In October 1983, the 1 AES deployed to Grenada in support of Operation Urgent Fury. The squadron aeromedically evacuated numerous casualties during the operation. From December 1989 through January 1990, the 1 AES was deployed in support of Operation Just Cause. During this period, 1 AES personnel established and supported the Joint Casualty Collection Point at Howard AFB, Panama. In addition to providing life-saving intervention and treatment of combat casualties, 1 AES personnel aeromedically evacuated wounded soldiers to stateside medical treatment facilities.

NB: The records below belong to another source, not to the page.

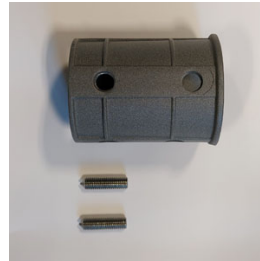

Produkt: STREETPARK M LED PREMIUM HE 5000 STREET-M E IP66 22 757

Index: 19.3174.0001.22

Beschreibung

Außenbeleuchtung. Montageart: Mastmontage. Gehäuse aus Aluminium. Farbe - RAL 9007 (dunkelgrau). Abmessungen: 718 x 311 x 103 mm. Gewicht 7 kg. Abdeckung: gehärtetes Glas. Der Wirkungsgrad des optischen Systems ist 76,14%. Abstrahlwinkel: Straßenbeleuchtung. Lichtquelle: LED. Farbtemperatur 5700 K. CRI>70. Lebensdauer: 100000 h L80/B10. Leuchtenlichtstrom: 4026 lm. Gesamtleistungsaufnahme: 35 W. Leuchten Lichtausbeute: 115 lm/W. Vorschaltgerät: Ein/Aus (E). Netzspannung 220..240 V, 50..60 Hz. Leistungsfaktor cos ϕ : >0,95. Belastbarkeit der Schaltung: 6 (B10), 10 (B16), 10 (C10), 17 (C16). Umgebungstemperatur: -40 ÷ 40° C. Schutzart: IP66. Stoßfestigkeitsgrad: IK09. Schutzklasse: I. *Ausgewählte Leuchtenvarianten sind mit ENEC-Zertifikat erhältlich.

Technische Daten

Montageart	Mastmontage
Leuchtenkörper	Aluminium
Leuchtenfarbe	RAL 9007 (dunkelgrau)
Abdeckung	gehärtetes Glas
Stoßfestigkeitsgrad	IK09
Gewicht [kg]	7
Abmessungen [mm]	718 x 311 x 103

Lichtverteilung

Zubehör

Index 50ELR76/60

Type REDUKTOR R76/60x100

Index 27LBD-REDUCTION LBD

Type [A] STREETPARK pole reduction
LBD-S05S & LBD-S05M

Index 6BW-M8X40DIN914

Type M8x40 DIN 914 A2 NON-NEW
PRESS-FIT CYLINDER WITH
TAPER END FOR CYLINDER
KEYS

Index 27LBD-Holder Fi76

Type STREETPARK Holder Fi 76 mm,
RAL7021

Index 27LBD-HOLDER FI35

Type STREETPARK Holder Fi 35 mm
(arm Fi32) , RAL7021

Index 19.3100.0001.21

Type Pole Mounting Bracket for
STREETPARK Fi 50

On 10 August 1990, the 1 AES deployed personnel to the Middle East for support of theater aeromedical operations in Operation Desert Shield. During Operations Desert Shield and Desert Storm, thousands of theater and strategic patient movements were managed by 1 AES personnel. Following these operations, the 1 AES deployed personnel in support of Operation Provide Comfort from May through October 1991. The squadron also provided support for US forces in Somalia in Operation Restore Hope. The 1 AES deployed to Mogadishu, Somalia, on 18 December 1992 and managed more patient movements on aeromedical evacuation missions.

The 1 AES was realigned under the 317th Airlift Wing, Air Mobility Command, on 1 July 1992 as part of an Air Force-wide reorganization, and on 16 July 1993, the 1 AES was realigned under Air Combat Command and assigned to the 23rd Wing. Finally, the 1st Aeromedical Evacuation Squadron was inactivated on 1 July 1994.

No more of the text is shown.